Publié le 31 octobre 2024 13:12:00. Des chercheurs ont mis en évidence des anomalies dans le développement cérébral de souris atteintes d’une forme rare d’épilepsie infantile, l’encéphalopathie développementale et épileptique liée à KCNQ2, ouvrant la voie à de potentielles interventions précoces.
- Des perturbations fonctionnelles, et non structurelles, du cerveau sont observées avant l’apparition des premiers symptômes.
- Ces modifications du développement cérébral pourraient être communes à d’autres troubles neurologiques, comme l’autisme et la schizophrénie.
- L’équipe de recherche explore des pistes thérapeutiques, notamment un composé antipsychotique, pour agir sur les canaux potassiques défaillants.
Une équipe du Centre VIB-UAntwerp de neurologie moléculaire a réussi à visualiser les modifications du développement du réseau cérébral dans un modèle animal de l’encéphalopathie développementale et épileptique liée à KCNQ2 (KCNQ2-DEE). Cette maladie rare, mais grave, affecte les nouveau-nés et se manifeste généralement par des convulsions dans les premiers jours de vie, accompagnées de difficultés d’apprentissage et de développement moteur.
Les enfants atteints de KCNQ2-DEE présentent une mutation dans un gène codant pour un canal potassique essentiel au bon fonctionnement de l’activité cérébrale. Pour comprendre comment cette mutation perturbe le développement du cerveau, les chercheurs ont suivi l’évolution de la fonction et de la structure cérébrales de souris porteuses de la même anomalie génétique, en utilisant des techniques d’imagerie longitudinale.
Leurs observations ont révélé que les changements observés ne concernent pas la structure physique du cerveau, mais plutôt son fonctionnement. L’IRM et l’imagerie TEP ont mis en évidence des altérations dans la manière dont les différentes régions du cerveau interagissent et communiquent entre elles. Ces perturbations du réseau cérébral apparaissent de manière significative avant même l’apparition des premiers symptômes comportementaux, suggérant que la mutation KCNQ2 interfère avec le processus de câblage cérébral.
Ce modèle de développement est particulièrement intéressant car il présente des similitudes avec ce que les chercheurs observent dans d’autres troubles du développement neurologique, tels que l’autisme et la schizophrénie. Cela suggère que les dysfonctionnements des canaux ioniques, comme ceux observés dans la KCNQ2-DEE, pourraient avoir des conséquences plus larges sur la maturation des circuits cérébraux.
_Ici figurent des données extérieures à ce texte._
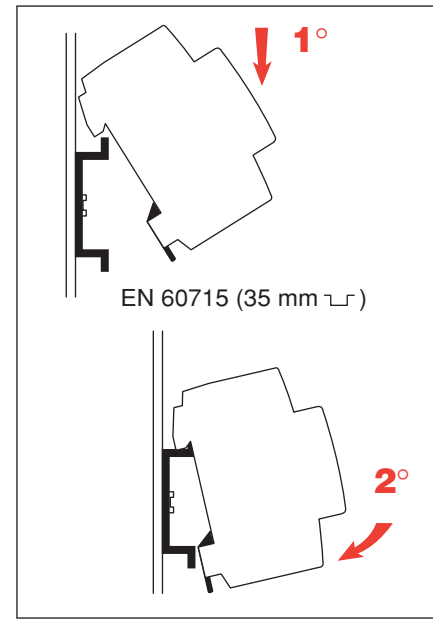

SN201-IH
2CSS200923R0001

2CSS490016D0001

SN201-S
2CSS200924R0001

2CSS490016D0001

ABB ABB S.p.A.
V.le dell'Industria, 18
20010 Vittuone (MI) - Italy
Tel. +39 02 9034 1
Fax +39 02 9034 7609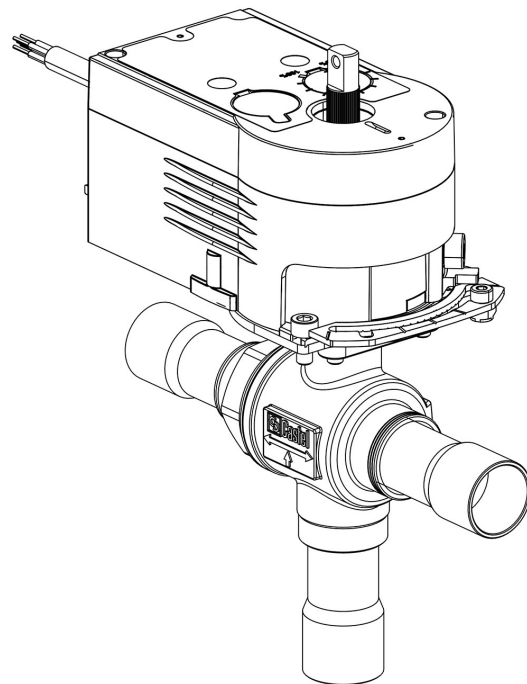

Product Code

6690M/7A2

3 Ways Motorized Ball Valve
7/8"-22mm ODS 24V
PS = 45 bar

CLASSIC

Usar

Accesorios para aplicaciones con los siguientes refrigerantes, clasificados como A1 conforme a la norma ASHRAE 34: 2019:

Note

Conexiones ODS Ø [in.] 7/8"

Conexiones ODS Ø [mm] 22

P/N Servomotor 9700/RA2

Torque [Nm] 10

Orificio Bola Ø [mm] 19

Kv[m³/h] 10,7

PS[bar] 45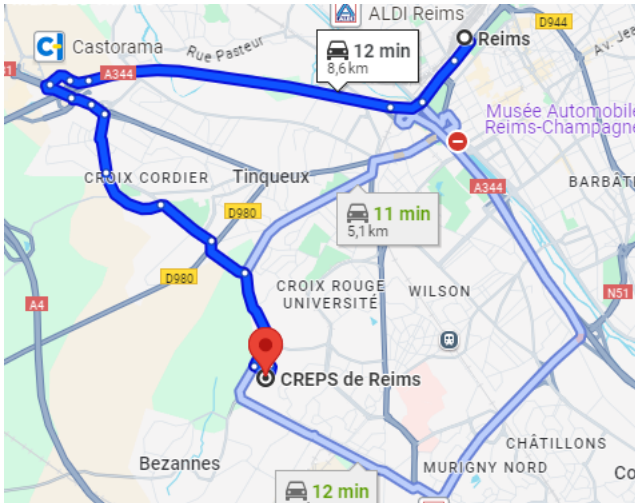

Lieux et déplacements pour accès aux structures de cours

REIMS :

CIS de CHAMPAGNE

Adresse : 21 Chaussée Bocquaine, 51100 Reims

Accès en transport en commun :

De la gare :

- **TRAM A** direction gare champagne TGV jusqu'à l'arrêt Comédie
- **TRAM B** direction Hôpital Debré jusqu'à l'arrêt Comédie

- **BUS 08** direction Champ Paveau jusqu'à l'arrêt Comédie

Accès en voiture :

Le parking se trouve à coté du Stade de Foot, il se trouve à environ 5 min à pied du CIS Champagne

CREPS de REIMS

Adresse : Route de Bezannes, 51100 Reims

Accès en transport en commun :

De la gare :

- **TRAM A** direction gare champagne TGV jusqu'à l'arrêt Kennedy
- **TRAM B** direction Hôpital Debré jusqu'à l'arrêt Kennedy

Accès en voiture :

Une fois garé sur le parking suivre le chemin rouge pour se rendre à l'intérieur du CREPS

CROSSFIT REVEAL

Adresse: 14 F Rue Maurice Halbwachs, 51100 Reims

Accès en transport en commun :

De la gare :

BUS 03 direction Maurencienne jusqu'à l'arrêt Leonard de Vinci

- Reims
Pl. de la Gare, 51100 Reims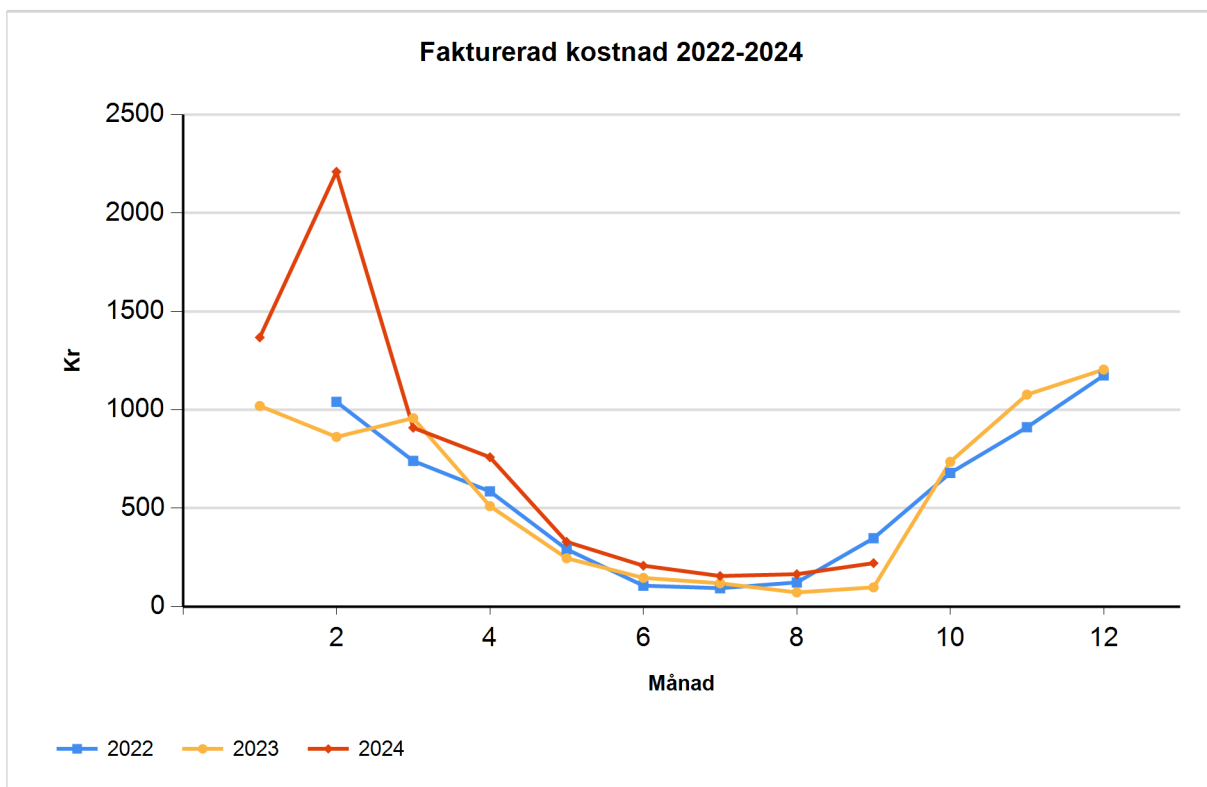

**Bladgatan 232 (Totalt)**

|           | År 2022 | År 2023 | År 2024 |
|-----------|---------|---------|---------|
| Januari   |         | 1 020   | 1 368   |
| Februari  | 1 041   | 863     | 2 210   |
| Mars      | 740     | 958     | 909     |
| April     | 586     | 511     | 759     |
| Maj       | 292     | 246     | 329     |
| Juni      | 107     | 146     | 208     |
| Juli      | 94      | 119     | 156     |
| Augusti   | 123     | 72      | 165     |
| September | 347     | 98      | 221     |
| Oktober   | 679     | 736     |         |
| November  | 912     | 1 078   |         |
| December  | 1 175   | 1 205   |         |
| Summa     | 6 095   | 7 051   | 6 326   |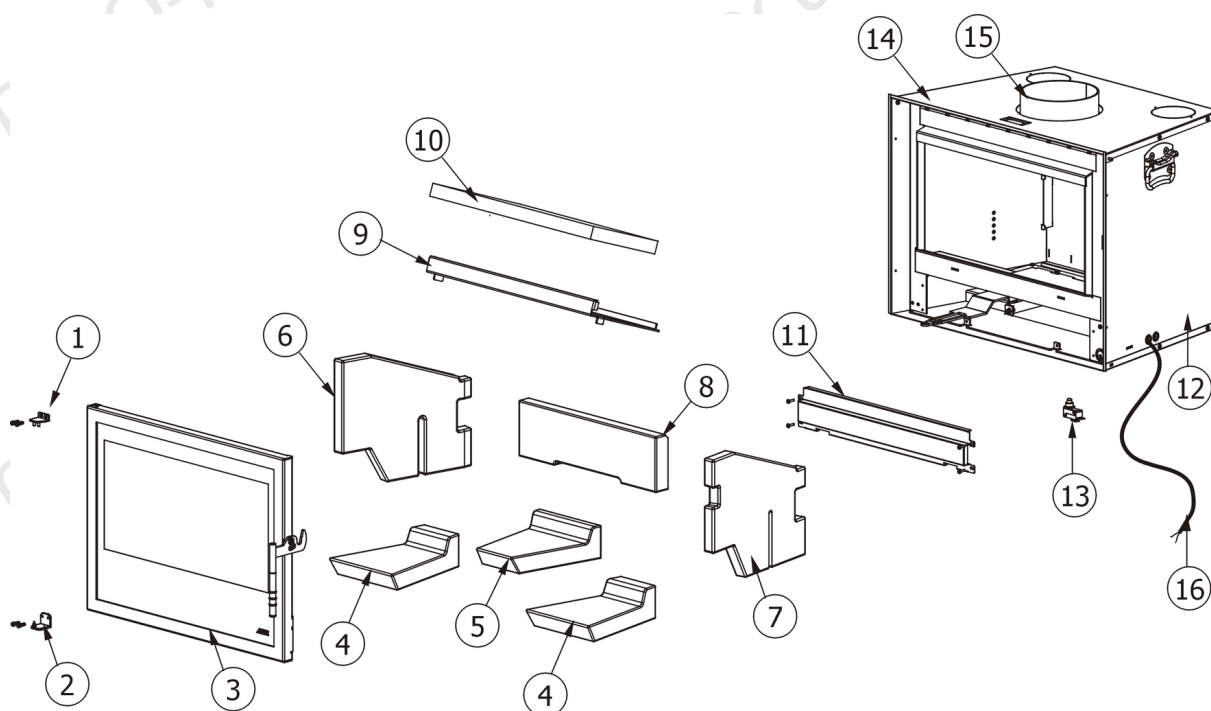

BOXTHERM 80 WOOD

Componenti / Components / Bautelie / Composants / Componentes

N°	Codice/Code	Descrizioni / Description / Beschreibung / Description / Description
1	41201004660	Staffa superiore porta fuoco / Upper fire door bracket / Oberer Bügel Feuertür / Étrier supérieur porte foyer / Abrazadera superior puerta hogar
2	41201004560	Staffa inferiore porta fuoco / Lower fire door bracket / Hunterer Bügel Feuertür / Étrier inférieur porte foyer / Abrazadera inferior puerta hogar
3	41400960950	Porta completa / Complete door / Komplette Tür / Porte complète / Puerta completa
4	41150900600	Piano fuoco laterale in Alutec / Lateral Alutec fire bed / Seitliches Brennebene aus Alutec / Plaque foyère lateral en Alutec / Piso del hogar lateral en Alutec
4	41150900600	Piano fuoco laterale in Alutec / Lateral Alutec fire bed / Seitliches Brennebene aus Alutec / Plaque foyère lateral en Alutec / Piso del hogar lateral en Alutec
5	41151000200	Piano fuoco centrale in Alutec / Central Alutec fire bed / Mittleres Brennebene aus Alutec / Plaque foyère central en Alutec / Piso del hogar central de Alutec
6	41150900800	Fianco SX in Alutec® / Left Alutec® side / LI. Seite aus Alutec® / Côté G. en Alutec® / Lado IZDO en Alutec®
7	41150900700	Fianco DX in Alutec® / Alutec® R. side / Re.Seite aus Alutec® / Côté D. en Alutec® / Lado DCHO en Alutec®
8	41150900400	Schiena in Alutec® / Alutec® back / Rückwand aus Alutec® / Fond en Alutec® / Parte trasera en Alutec®
8	41400960630	Staffa / Support / Haltebügel / Support / Soporte
8	41400960730	Staffa / Support / Haltebügel / Support / Soporte
9	41400960831	Supporto deflettore fumi / Smoke deflector support / Rauchleitblechhalterung / Support déflecteur fumées / Soporte deflector humos
10	41150901401	Deflettore fumi trapezoidale 675/600x260x30 / Trapezoidal smoke deflector 675/600x260x30 / Rauchleitblech Trapez 675/600x260x30 / Déflecteur fumées trapézoïdal 675/600x260x30 / Deflector humos trapezoidal 675/600x260x30
11	41400960330	Protezione motore di ventilazione (VF) / Fan protection (VF) / Gebläseschutz (VF) / Protection du ventilateur air chaude (VF) / Protección motor de ventilación (VF)
12	41400958540V	Carter / Casing / Gehäuse / Carter / Cáter
13	4160457	Pulsante per l'interruzione dell'alimentazione elettrica / power supply on-off button / Taste zur Unterbrechung der Stromversorgung / Bouton d'arrêt de l'alimentation électrique / Botón de corte de la alimentación eléctrica
14	41400958830	Top in acciaio / Steel top / Abdeckplatte aus Stahl / Dessus en acier / Top en acero
15	41400955040V	Raccordo uscita fumi / Smoke outlet connection / Rauchabzugverbindung / Raccord sortie fumées / Raccor salida humos
16	414508020	Cablaggio switch / Switch cable / Switch Kabel / Câble switch / Switch cable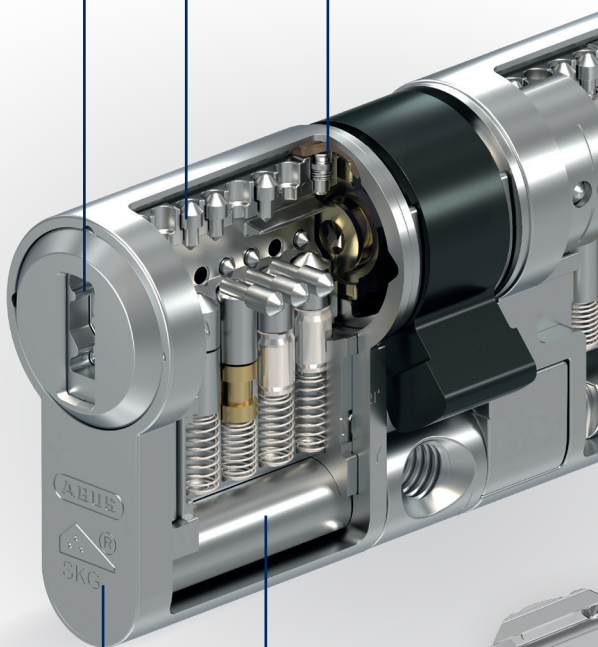

Chraňte sebe i svůj domov a při pořizování uzamykacího systému upřednostňujte komplexní profily klíčů s vícerozměrnými bezpečnostními prvky. Díky magnetu v klíči Magtec nelze klíč zkopírovat 3D technologií.

Přídavné úrovně
stavítek

Ověřování
pomocí
magnetu

Certifikace
SKG***

Modulární konstrukce
ME pro větší flexibilitu

Ochrana proti odvrtání prostřednictvím
stavítek ze speciální kalené oceli

Magnet v klíči

Vícenásobný
paracentrický profil

Obrázek je
ilustrační

ABUS

SYSTÉM MAGTEC™

V detailech

System Magtec s vertikálním zasouváním klíče vám pomůže pohodlně otevřít dveře. Vysoce kvalitní a přesný profil je zárukou snadného zasouvání klíče.

Vysoce kvalitní, stabilní klíč je vyroben z slitiny mědi a niklu (tzv. německé stříbro), materiálu, který se neopotřebovává – budete uzamykací systém užívat opravdu dlouho.

Uzamykací systém Magtec je vybaven inovativní magnetickou technologií* v cylindrické vložce a klíči.

Díky vícerozměrné kontrole oprávnění nabízí mimořádně účinnou ochranu proti nelegálním kopiím klíče a manipulaci se zámkovou vložkou.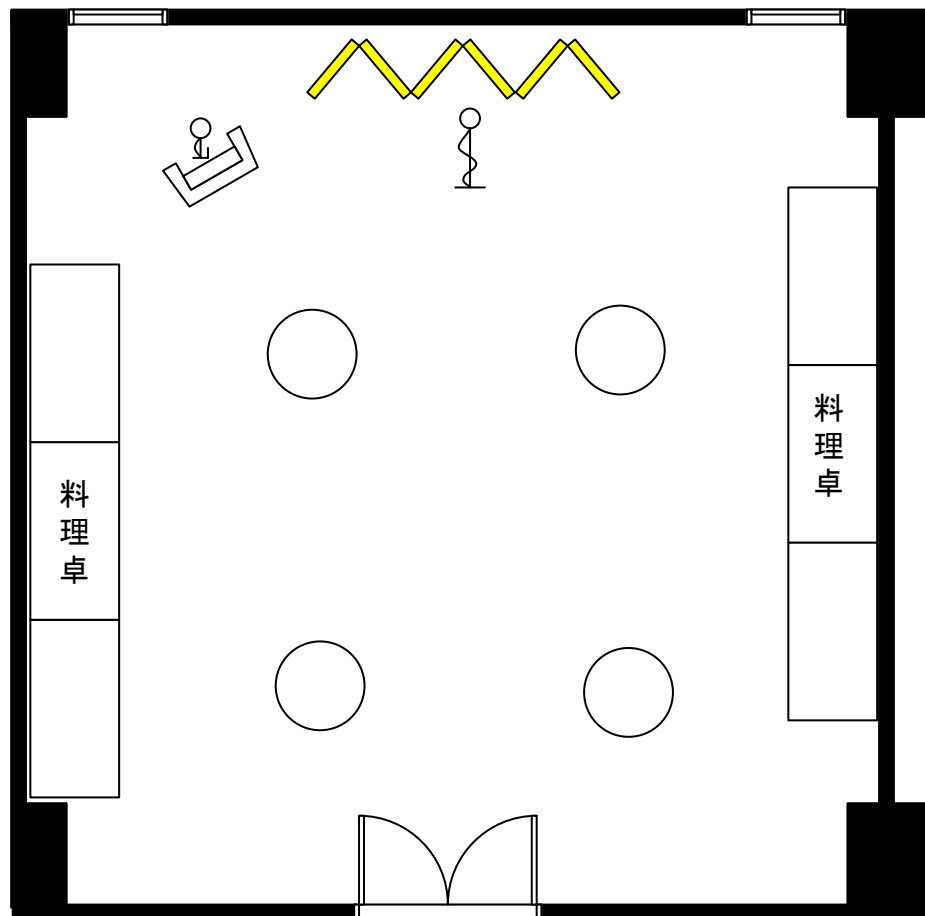

【ホテルグランヴィア JR日西日本ホテルズ東京営業所】TEL.03-4363-2100

お問い合わせ

【営業部直通】TEL.075-342-5511

【ホテルグランヴィア JR日西日本ホテルズ東京営業所】TEL.03-4363-2100

お問い合わせ

【営業部直通】TEL.075-342-5511

【ホテルグランヴィア JR西日本ホテルズ東京営業所】TEL.03-4363-2100

お問い合わせ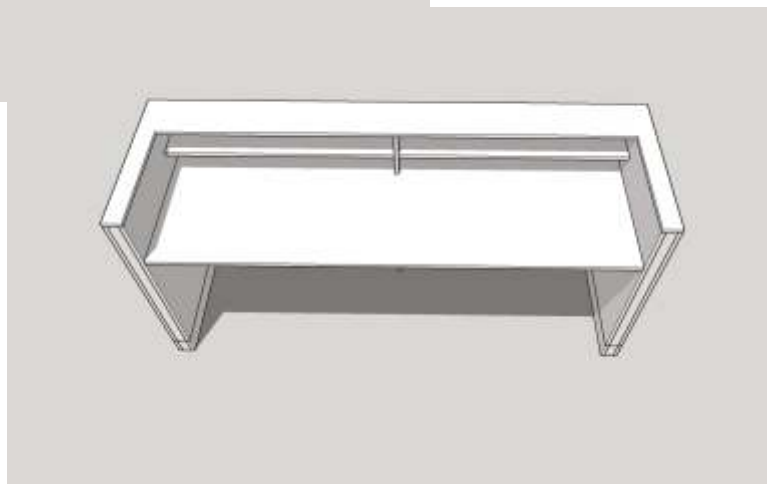

wersja 1

kolor płyta biały arktyczny W 1027 G
 blat 36 mm

obudowa
nierdzewka szlifowana
szlif 200

przelotki na kable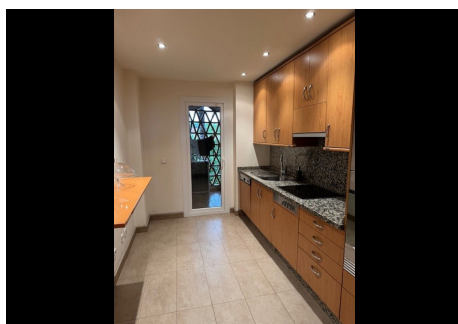

HHomes

SEARCH FIND LOVE

HHomes - Camino de Camojan s/n, Edificio Camoján Center Oficina nº 15
Tel.: +34 951 543 462 – Email: info@hhomes.es – Web: <https://hhomes.es>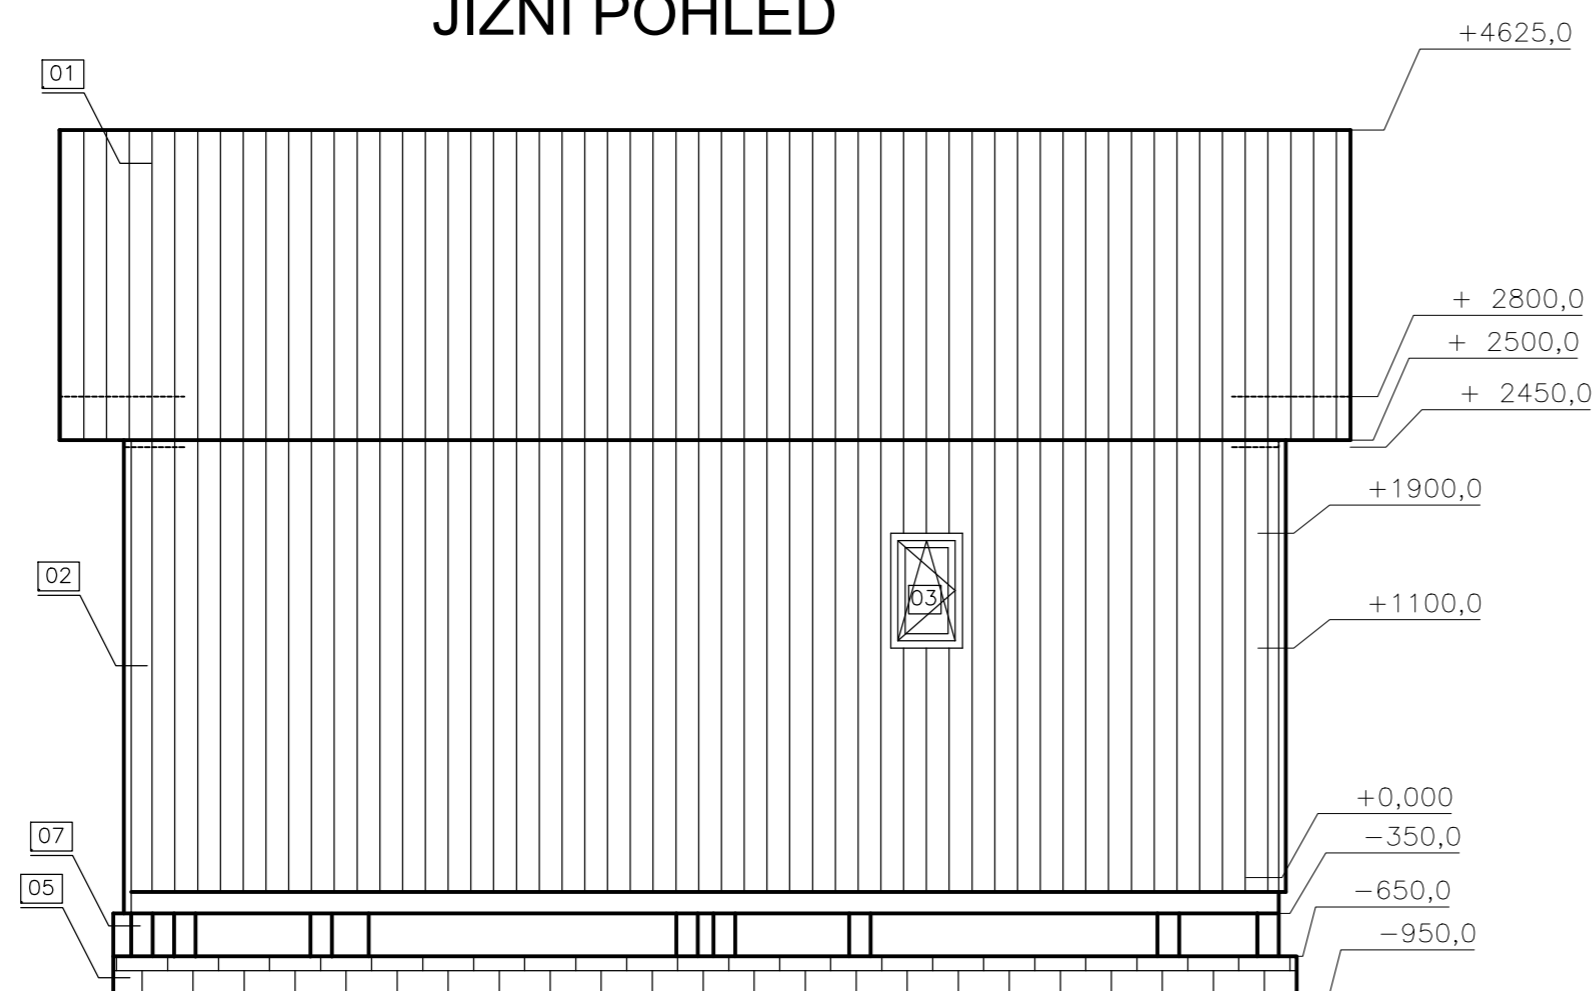

SEVERNÍ POHLED

ZÁPADNÍ POHLED

JIŽNÍ POHLED

VÝCHODNÍ POHLED

Legenda materiálu

č.	Název materiálu
01	Bambusová krytina – překládané poloviny tyčí – barva béžová
02	bambusový záklop – překládané poloviny tyčí – barva žlutá
03	Dřevěné okno – barva hnědá
04	Dřevěné dveře – barva hnědá
05	Základová podezdívka – stracené bednění – barva šedá
06	Schodiště – železobeton – světle šedá
07	Nosné sloupky – bambus – béžová

Vedoucí práce: Ing. Veronika Hunková, Ph.D.	Vypracoval : Bc. Zralý Pavel	Mendelova Univerzita Brno
Místo : Brno	Obor: Dřevařské inženýrství	Lesnická a dřevařská fakulta
Výkres : Pohledy na bambusový domek		Formát : A2
Datum : 30.3.2017		Stupeň : magisterské
Obsah : Pohledy		Předmět : Diplomová pr.
Měřítko : 1:50		Č. výkresu : DP 07
		Školní rok : 2016/2017

« En visualisant le développement du cerveau, nous avons désormais une vision plus claire de l’évolution de cette maladie », explique la professeure Sarah Weckhuysen, neurologue et chercheuse principale au VIB et à l’Université d’Anvers. « Cela pourrait nous aider à déterminer quand et où les traitements précoces pourraient être les plus efficaces. »
Sarah Weckhuysen, neurologue et chercheuse principale au VIB et à l’Université d’Anvers
L’équipe de la professeure Weckhuysen travaille depuis plusieurs années sur les mécanismes biologiques de l’encéphalopathie liée à KCNQ2. Des recherches antérieures ont permis d’identifier un composé antipsychotique qui pourrait moduler les mêmes canaux potassiques impliqués dans ce trouble.
« Comprendre quand et comment ces perturbations commencent est crucial pour développer des interventions précoces qui vont au-delà du contrôle des crises », précise la professeure Weckhuysen.
Sarah Weckhuysen, neurologue et chercheuse principale au VIB et à l’Université d’Anvers
Ce travail a été rendu possible grâce au soutien financier de l’Université d’Anvers, du FWO (Fonds de la Recherche Scientifique), de la Fondation Médicale Reine Elisabeth, du Programme Commun Européen sur les Maladies Rares et de la Fondation Lejeune.